Efforts in Mexico and Canada aim to use the ice skating legend and artist’s fame for good.
(Photo: Jay Koppelman)
October 23, 2015 – Former world and Olympic figure skater, six-time Canadian Champion and world renowned artist Toller Cranston is being remembered and honored in numerous ways.
In San Miguel de Allende, Mexico where Toller lived the last two-plus decades of his life, he was well known in the community as a big personality, a flamboyant character, a compulsive and impetuous shopper, a prodigious artist, and an extravagant entertainer.
He left behind a stunning collection of his own original art work along with a mind-boggling assortment of ceramics, sculptures, chandeliers, and glass. He died of a massive heart attack in January at the age of 65.
Toller’s family, a sister and two brothers, found themselves in charge of dispersing Toller’s massive estate. Phillippa, Guy and Goldie left their homes in Canada and have been back and forth to San Miguel over the past nine months to handle this challenge.

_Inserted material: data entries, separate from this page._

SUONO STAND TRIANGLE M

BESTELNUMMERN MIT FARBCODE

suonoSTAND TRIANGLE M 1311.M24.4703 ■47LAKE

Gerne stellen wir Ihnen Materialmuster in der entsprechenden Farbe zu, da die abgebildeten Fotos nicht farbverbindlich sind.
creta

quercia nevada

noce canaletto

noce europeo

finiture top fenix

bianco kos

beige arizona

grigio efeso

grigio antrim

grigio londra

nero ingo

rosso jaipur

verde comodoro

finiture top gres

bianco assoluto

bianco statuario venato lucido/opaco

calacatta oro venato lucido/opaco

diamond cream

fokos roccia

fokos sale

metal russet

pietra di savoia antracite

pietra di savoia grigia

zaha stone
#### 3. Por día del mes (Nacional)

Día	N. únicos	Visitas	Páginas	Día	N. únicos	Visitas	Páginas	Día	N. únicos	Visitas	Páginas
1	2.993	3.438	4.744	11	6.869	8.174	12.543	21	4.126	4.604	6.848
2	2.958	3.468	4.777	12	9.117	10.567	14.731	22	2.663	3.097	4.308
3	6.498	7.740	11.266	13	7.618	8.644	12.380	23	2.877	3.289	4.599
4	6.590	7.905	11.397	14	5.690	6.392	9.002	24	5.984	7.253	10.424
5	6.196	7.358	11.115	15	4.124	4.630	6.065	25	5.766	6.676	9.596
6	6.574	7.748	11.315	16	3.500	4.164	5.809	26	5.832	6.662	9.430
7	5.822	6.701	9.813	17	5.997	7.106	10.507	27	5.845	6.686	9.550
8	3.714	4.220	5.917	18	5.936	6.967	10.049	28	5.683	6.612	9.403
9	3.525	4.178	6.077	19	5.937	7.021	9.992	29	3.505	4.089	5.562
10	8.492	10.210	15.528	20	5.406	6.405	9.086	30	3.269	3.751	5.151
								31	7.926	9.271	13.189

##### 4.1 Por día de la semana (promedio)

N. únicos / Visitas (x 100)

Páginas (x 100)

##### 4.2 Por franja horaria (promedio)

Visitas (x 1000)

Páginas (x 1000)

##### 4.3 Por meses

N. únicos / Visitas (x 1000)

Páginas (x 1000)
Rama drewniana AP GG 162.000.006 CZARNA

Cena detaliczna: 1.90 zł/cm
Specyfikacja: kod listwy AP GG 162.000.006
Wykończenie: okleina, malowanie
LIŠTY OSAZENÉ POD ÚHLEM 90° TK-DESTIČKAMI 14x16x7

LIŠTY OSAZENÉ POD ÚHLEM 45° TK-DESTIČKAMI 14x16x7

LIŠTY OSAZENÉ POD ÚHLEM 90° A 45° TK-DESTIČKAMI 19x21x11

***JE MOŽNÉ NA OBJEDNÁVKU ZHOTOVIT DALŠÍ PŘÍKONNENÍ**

Those in San Miguel who knew Toller often associated him with the word ‘generous.’ In Toller’s honor, the family has donated numerous items from the estate to local charities and organizations in San Miguel.

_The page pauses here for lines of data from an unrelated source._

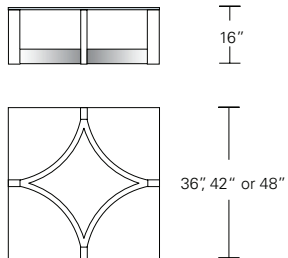

**Base Only for Round Top**

36"W x 36"D x 16"H  
42"W x 42"D x 16"H  
48"W x 48"D x 16"H

**Round Inset Glass Top**

**Round Wood Top**

**Base Only for Square Top**

36"W x 36"D x 16"H  
42"W x 42"D x 16"H  
48"W x 48"D x 16"H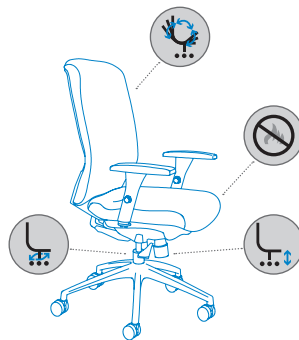

*Bajo pedido / *On request / *Auf Anforderung / *Sur demande

Medidas / Sizes (cm)

RD-917
Opcional / Optional

Ruedas parquet Ø60mm
Laminated floor castors Ø60mm
Hartbodenrollen Ø60mm
Roulettes parquet Ø60mm

Brazos regulables en altura
Height adjustable armrest

Ref.	cm (embalaje / packaging)	kg / m³ (embalaje / packaging)
RD-944V15-1*	77x67x42	23,6 kg / 0,217 m³
RD-944V15-2*	77x67x42	23,6 kg / 0,217 m³
RD-944V15-3	77x67x42	23,6 kg / 0,217 m³
RD-944V15-4	77x67x42	23,6 kg / 0,217 m³
RD-944V15-5*	77x67x42	23,6 kg / 0,217 m³
RD-944V15-6*	77x67x42	23,6 kg / 0,217 m³
RD-917 (Opcional / Optional)	11x6,3x25	0,5 kg / 0,001 m³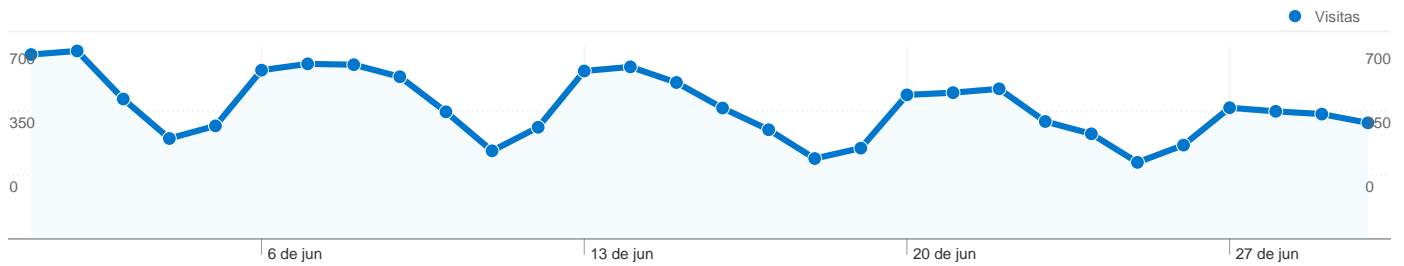

Todas las fuentes de tráfico han enviado un total de 14.481 visitas.

11,24% Tráfico directo

17,55% Sitios web de referencia

71,20% Motores de búsqueda

- **Motores de búsqueda**
  10.311,00 (71,20%)
- **Sitios web de referencia**
  2.542,00 (17,55%)
- **Tráfico directo**
  1.628,00 (11,24%)

Fuentes de tráfico principales

Fuentes	Visitas	Porcentaje de visitas	Palabras clave	Visitas	Porcentaje de visitas
google (organic)	9.930	68,57%	revista espacios	258	2,50%
(direct) ((none))	1.628	11,24%	la educacion actual en el	120	1,16%
google.com (referral)	994	6,86%	matriz de leopold	93	0,90%
search (organic)	244	1,68%	espacios	77	0,75%
google.com.br (referral)	202	1,39%	la investigacion en venezuela	74	0,72%

His impressive library of 800+ art books have been donated to Bellas Artes and will become part of a permanent collection in his honor. Original art, archival video and photographs, personal effects and clothing have been set aside to support the collection.
More than 1000 items of clothing, everything from cashmere sweaters to flowing coats along with two dozen cartons of non-art books were given to the local charity ALMA, a home for low-income elderly.
A donation of artisanal Mexican toys was made to Museo de la Esquina.
A sampling of the painted Santos at Toller’s home in San Miguel de Allende, Mexico
(Photo: Scott Umstattd)
Many know that Toller created magnificent Santos (above) that are widely recognized as rare and beautiful pieces of art. Seven beaded and painted Santos were gifted to the churches of San Miguel, six to the Catholic churches and one to St. Paul’s.
All of Toller’s oil paints, a massive amount, were donated to local artists who were closely associated with him.
A permanent and rotating exhibition of Toller’s paintings and chandeliers will remain at Hecho en Mexico, a popular restaurant in San Miguel. These will be a lasting reminder of Toller’s incredible legacy and art.
Back in Canada, a Memorial Fund has been established in Toller’s name by the Canadian Olympic Foundation. Proceeds will support young skaters with both artistic and athletic talent. Supporters may contribute at http://olympic.ca/foundation.
The Toller Cranston School of Artistic Skating is being created in Canada and will launch in 2016. This will be a training camp for elite figure skaters that focuses on bringing more theatricality and creativity to the sport.
There are many ideas still in the planning stages. The family remains committed to strengthening Toller’s legacy both in San Miguel and in Canada.